From the first line of the material below through the line containing "Band66_1.4MHz_16QAM_132322_1RB#0_0.15~30_0.15~30", print every line exactly as it stands, but no pictures.

**Provided data:**
◇ ◇ ◇ ◇ ◇ ◇ ◇

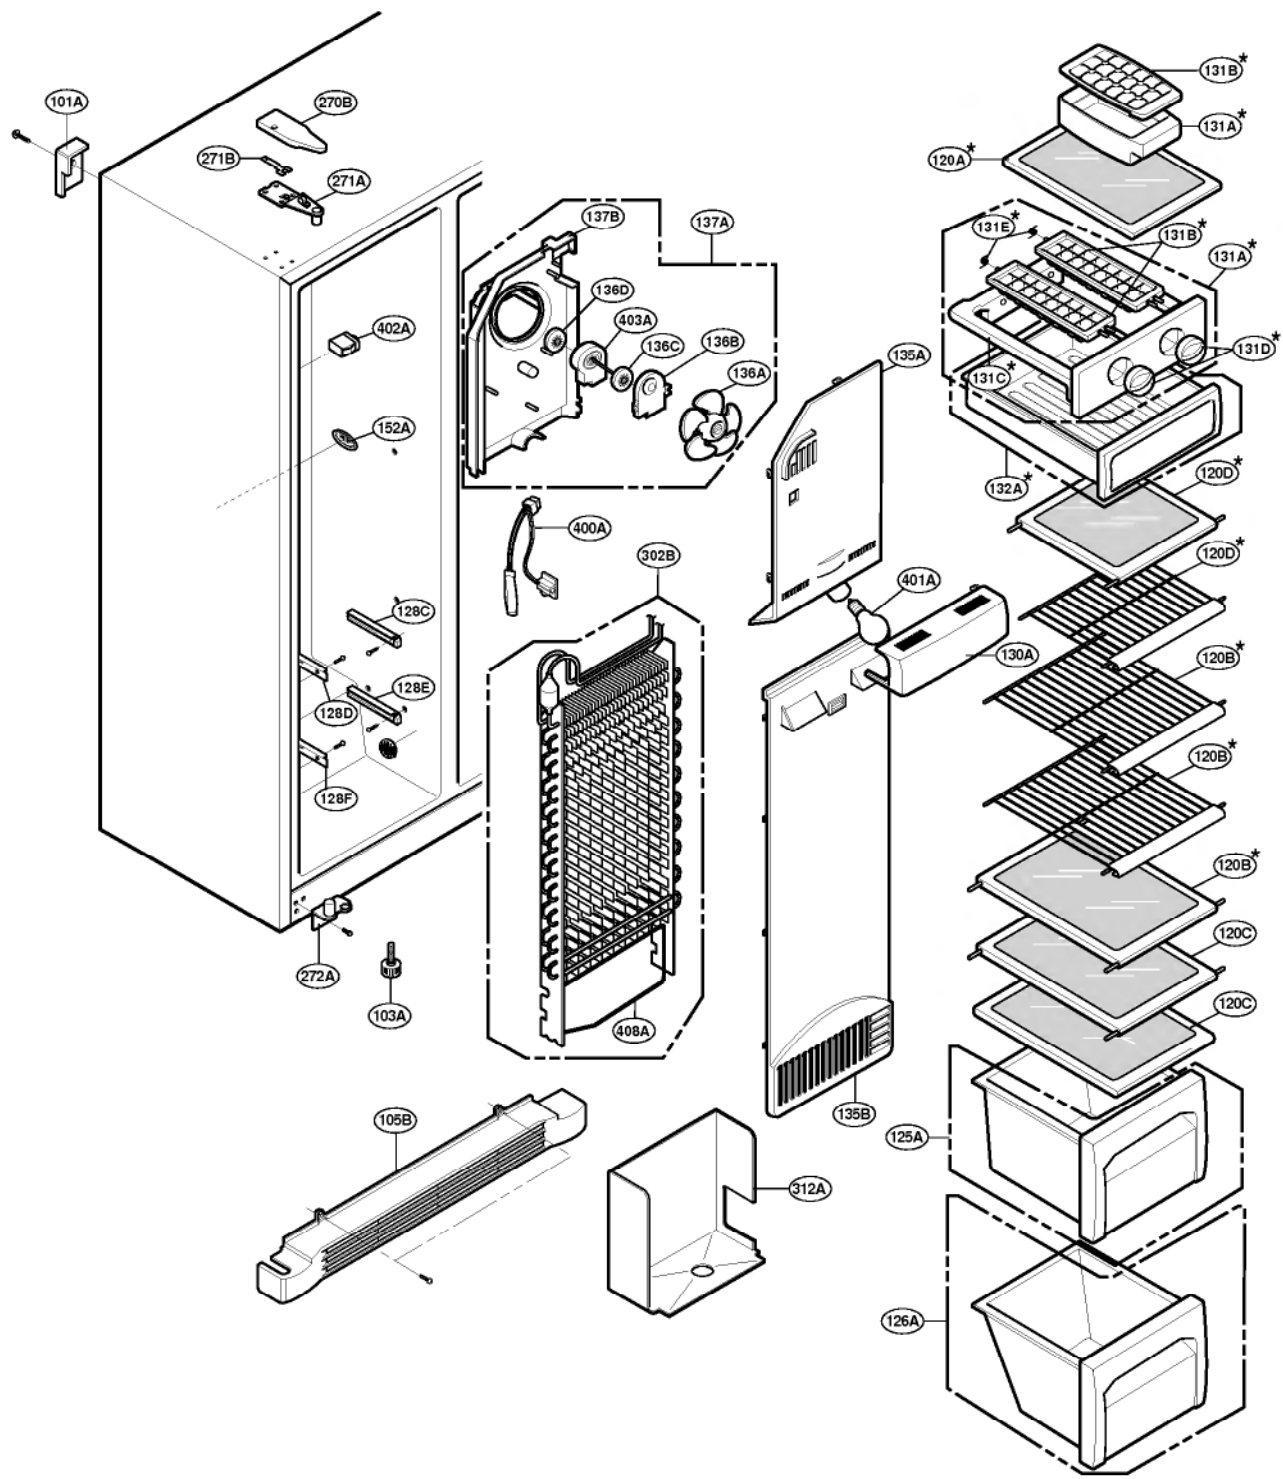

EXPLODED VIEW

FREEZER DOOR PART: GR-P247, GR-P207, GR-L247, GR-L207

EXPLODED VIEW

FREEZER DOOR PART: GR-C247, GR-C207, GR-B247, GR-B207, GR-B197

EXPLODED VIEW

Ref No. : GR-P247, GR-P207, GR-C247, GR-C207
REFRIGERATOR DOOR PART

* : Optional part

EXPLODED VIEW

Ref No. : GR-L247, GR-L207, GR-B247, GR-B207, GR-B197

REFRIGERATOR DOOR PART

* : Optional part

EXPLODED VIEW

FREEZER COMPARTMENT

* : Optional part

EXPLODED VIEW

REFRIGERATOR COMPARTMENT

* : Optional part

EXPLODED VIEW

ICE & WATER PART

* : Optional part

EXPLODED VIEW

MACHINE COMPARTMENT

* : Optional part

EXPLODED VIEW

DISPENSER PART
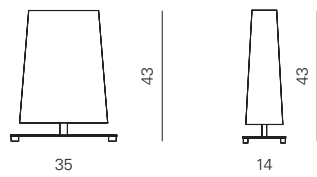

RETTANGOLA NEW
TA SMALL

Product dimensions

L: 35 cm
D: 14 cm
H: 43 cm

weight: 1,5 kg

Light source

1 X E27
LED light bulb

Packaging dimensions

BOX 1	BOX 2
L: 41 cm	L: 41 cm
D: 8 cm	D: 18 cm
H: 35 cm	H: 35 cm

weight: 2,5 kg weight: 0,5 kg

Code	Frame	Diffuser	Price
ACAM.002958	Matt light satin bronze	White cotton	€ 360,00
ACAM.002960	Matt light satin bronze	White linen	€ 390,00
ACAM.002962	Matt black silk lacquered	White cotton	€ 360,00
ACAM.002964	Matt black silk lacquered	White linen	€ 390,00
PPASS	Supplement for trimming (colours: grey - black - "yellow mustard" colour)		+ € 50,00
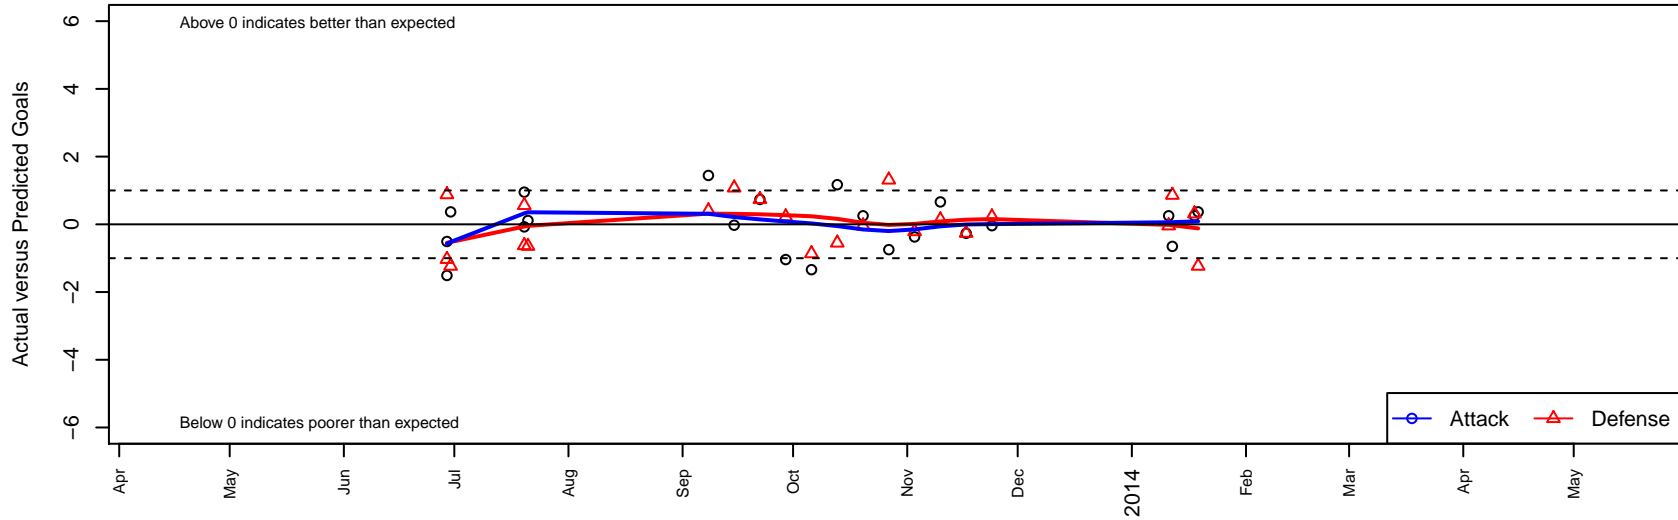

MVP Rapids White B96

Maple Valley SA
 Maple Valley, WA
 B96 total strength=1323
 attack=4.99 defense=7.52
 fall league = NPSL B18M2
 alt names used:
 Rapids 96 White
 MPVSA Rapids White
 MVP Rapids 96 White
 MV Rapids White
 Rapids 96 White – B17

Venues played:
 RVS Classic BU17
 KITG BU16–17 Green
 NPSL B18M2
 Founders Cup B96

MVP Rapids White B96
 Dots are actual minus expected GF (blue circles) and GA (red triangles).
 Blue line is smoothed change in attack strength. Red is smoothed change in defense strength.
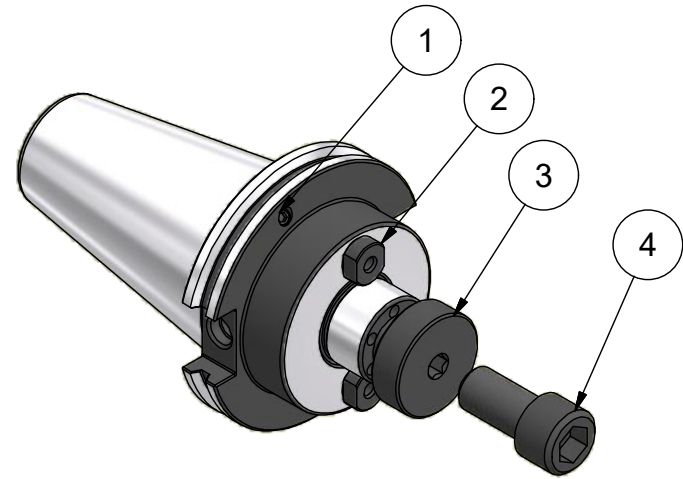

Parts List

ITEM	QTY	PART NUMBER	DESCRIPTION
1	4	029-966	SET SCREW, M6 x 5 W/360 DEG. PATCH
2	2	12KY	DRIVE KEY
3	1	12LS	LOCK SCREW
4	1	028-193	SHCS 5/8-18 x 1-1/4

PART
NUMBER

C50BC-12SM150C

PARLEC
 (800) TOOL USA
 WORLD HEADQUARTERS
 101 PERINTON PARKWAY
 FAIRPORT, NEW YORK 14450
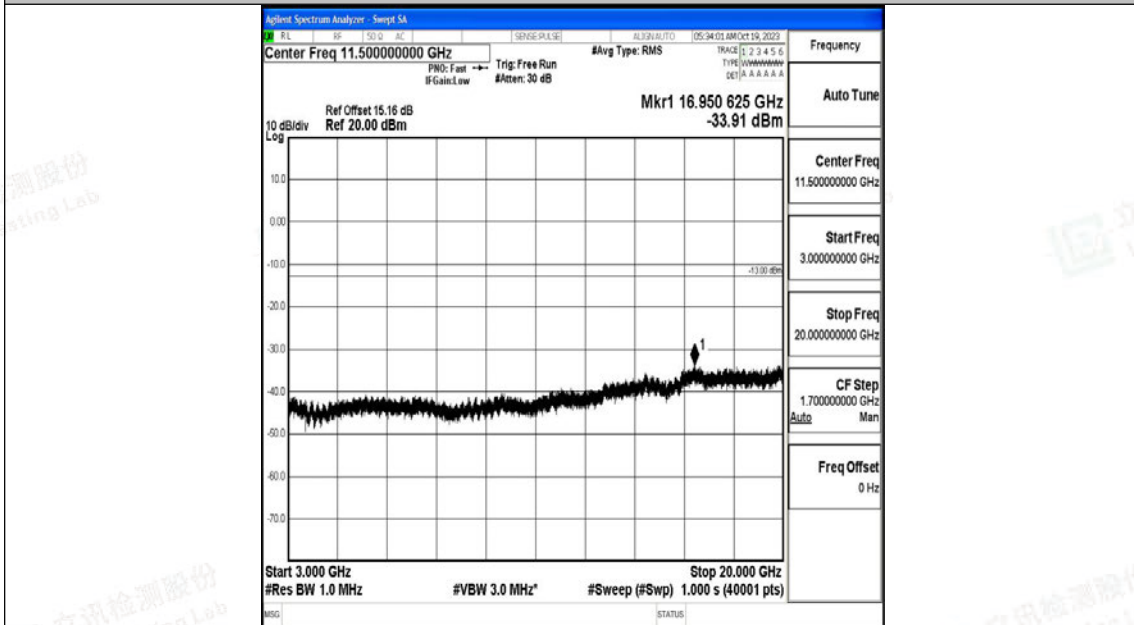

Band66_1.4MHz_16QAM_132322_1RB#0_0.15~30_0.15~30

Band66_1.4MHz_16QAM_132322_1RB#0_30~1000_30~1000

Band66_1.4MHz_16QAM_132322_1RB#0_1000~3000_1000~3000

Band66_1.4MHz_16QAM_132322_1RB#0_3000~20000_3000~20000
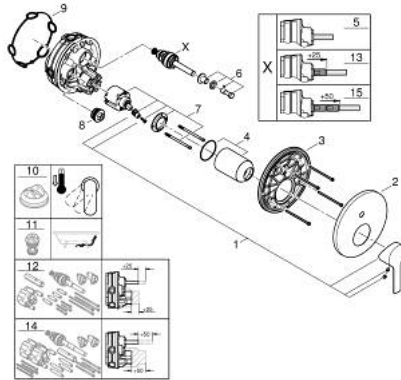

24 064 001 LINEARE SINGLE-LEVER MIXER WITH 2-WAY DIVERTER

PRODUCT DESCRIPTION

- Colour: chrome
- trim set for GROHE Rapido SmartBox (35 600/35 604)
- GROHE SilkMove 46 mm ceramic cartridge
- GROHE LongLife finish
- wall escutcheon with GROHE FastFixation (covered escutcheon- and shaft sealing, covered fixing)
- metal escutcheon, retroactively 6° adjustable
- metal lever
- automatic 2-way diverter
- without roughing-in set 35 600/35 604 (please order separately)
- flow performance: outlet B = 27 l/min, outlet C = 27 l/min

24 064 001 LINEARE SINGLE-LEVER MIXER WITH 2-WAY DIVERTER

SPARE PARTS, April 2024 – now

- 1: Lever (Spare part-nr. 46988000)
 - 2: Escutcheon (Spare part-nr. 48429000)
 - 3: Mounting plate (Spare part-nr. 48440000)
 - 4: Cap (Spare part-nr. 09038000)
 - 5: Diverter (Spare part-nr. 48634000)
 - 6: Diverter knob (Spare part-nr. 48637000)
 - 7: Cartridge (Spare part-nr. 46048000)
 - 8: Non-return valve (Spare part-nr. 49085000)
 - 9: Seal (Spare part-nr. 48360000)
 - 10: Temperature limiter (Spare part-nr. 46375000)*
 - 11: Backflow protection combination (EN1717) (Spare part-nr. 14055000)*
 - 12: Universal extension set single-lever mixers, 25 mm (Spare part-nr. 1405600)*
 - 13: diverter (Spare part-nr. 48635000)*
 - 14: Universal extension set single-lever mixers, 50 mm (Spare part-nr. 1405700)*
 - 15: diverter (Spare part-nr. 48636000)*
- * Optional accessories
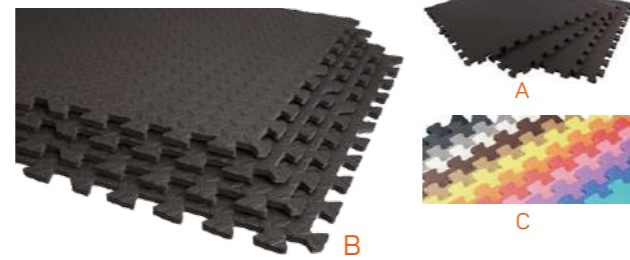

LS3259 INTER-LOCK FLOOR MAT

Mat: EVA
Pkg: Shrink Wrap
Prod Sz: 62x62x1.2cm; 4pcs/set
Pcs/Ctn: 5
G.W.: 10.5kg
Meas: 66x26x66cm
20/40/40H: 1190/2380/2960
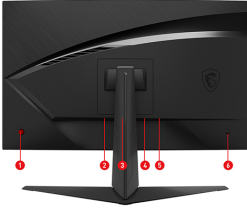

CONNECTIONS

1. 5-way joystick navigator
2. 1x DC Jack
3. 1x HDMI (1.4)
4. 1x HDMI (1.4)
5. 1x Display Port (1.2)
6. 1x Earphone out
7. 1x Kensington Lock
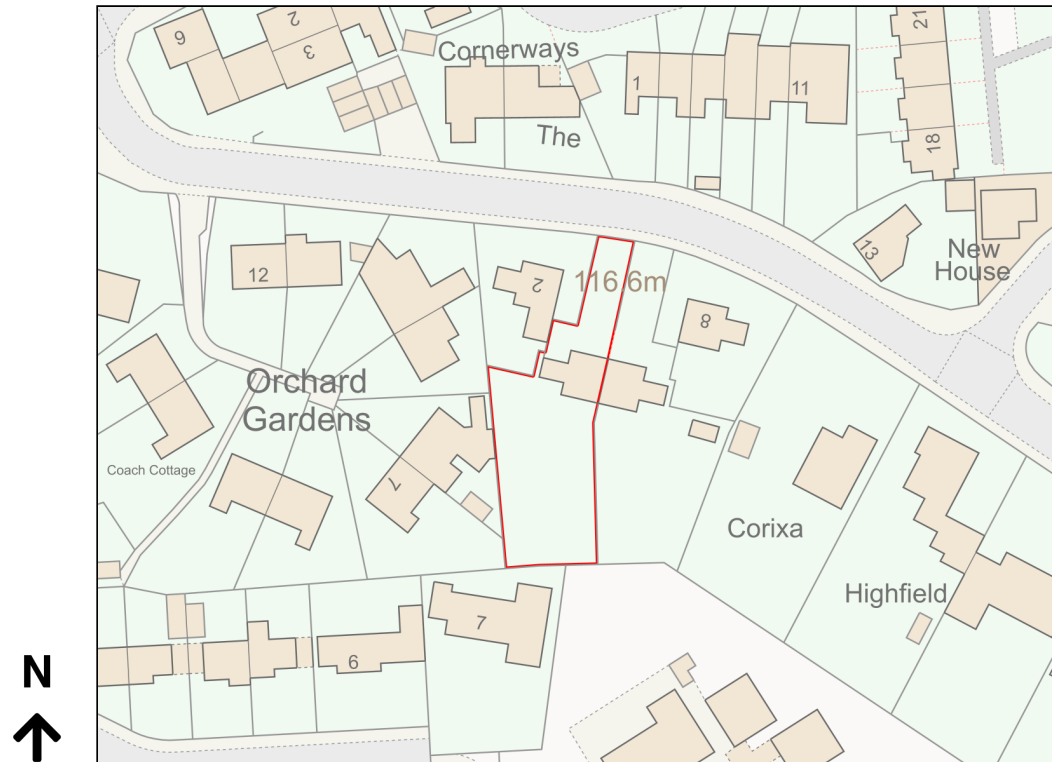

Location Plan

Site Address: 4, Sandpits Road, Ludlow, SY8 1HF

Date Produced: 20-Dec-2023

Scale: 1:1250 @A4

Planning Portal Reference: PP-12674660v1

◇ ◇ ◇ ◇ ◇ ◇ ◇

**Exercise result:**
EXPLODED VIEW

FREEZER DOOR PART: GR-P247, GR-P207, GR-L247, GR-L207

EXPLODED VIEW

FREEZER DOOR PART: GR-C247, GR-C207, GR-B247, GR-B207, GR-B197

EXPLODED VIEW

Ref No. : GR-P247, GR-P207, GR-C247, GR-C207
REFRIGERATOR DOOR PART

* : Optional part

EXPLODED VIEW

Ref No. : GR-L247, GR-L207, GR-B247, GR-B207, GR-B197

REFRIGERATOR DOOR PART

* : Optional part

EXPLODED VIEW

FREEZER COMPARTMENT

* : Optional part

EXPLODED VIEW

REFRIGERATOR COMPARTMENT

* : Optional part

EXPLODED VIEW

ICE & WATER PART

* : Optional part

EXPLODED VIEW

MACHINE COMPARTMENT

* : Optional part

EXPLODED VIEW

DISPENSER PART

RETTANGOLA NEW
TA SMALL

Product dimensions

L: 35 cm
D: 14 cm
H: 43 cm

weight: 1,5 kg

Light source

1 X E27
LED light bulb

Packaging dimensions

BOX 1	BOX 2
L: 41 cm	L: 41 cm
D: 8 cm	D: 18 cm
H: 35 cm	H: 35 cm

weight: 2,5 kg weight: 0,5 kg

Code	Frame	Diffuser	Price
ACAM.002958	Matt light satin bronze	White cotton	€ 360,00
ACAM.002960	Matt light satin bronze	White linen	€ 390,00
ACAM.002962	Matt black silk lacquered	White cotton	€ 360,00
ACAM.002964	Matt black silk lacquered	White linen	€ 390,00
PPASS	Supplement for trimming (colours: grey - black - "yellow mustard" colour)		+ € 50,00

MVP Rapids White B96

Maple Valley SA
 Maple Valley, WA
 B96 total strength=1323
 attack=4.99 defense=7.52
 fall league = NPSL B18M2
 alt names used:
 Rapids 96 White
 MPVSA Rapids White
 MVP Rapids 96 White
 MV Rapids White
 Rapids 96 White – B17

Venues played:
 RVS Classic BU17
 KITG BU16–17 Green
 NPSL B18M2
 Founders Cup B96

MVP Rapids White B96
 Dots are actual minus expected GF (blue circles) and GA (red triangles).
 Blue line is smoothed change in attack strength. Red is smoothed change in defense strength.

Parts List

ITEM	QTY	PART NUMBER	DESCRIPTION
1	4	029-966	SET SCREW, M6 x 5 W/360 DEG. PATCH
2	2	12KY	DRIVE KEY
3	1	12LS	LOCK SCREW
4	1	028-193	SHCS 5/8-18 x 1-1/4

PART
NUMBER

C50BC-12SM150C

PARLEC
 (800) TOOL USA
 WORLD HEADQUARTERS
 101 PERINTON PARKWAY
 FAIRPORT, NEW YORK 14450

Band66_1.4MHz_16QAM_132322_1RB#0_0.15~30_0.15~30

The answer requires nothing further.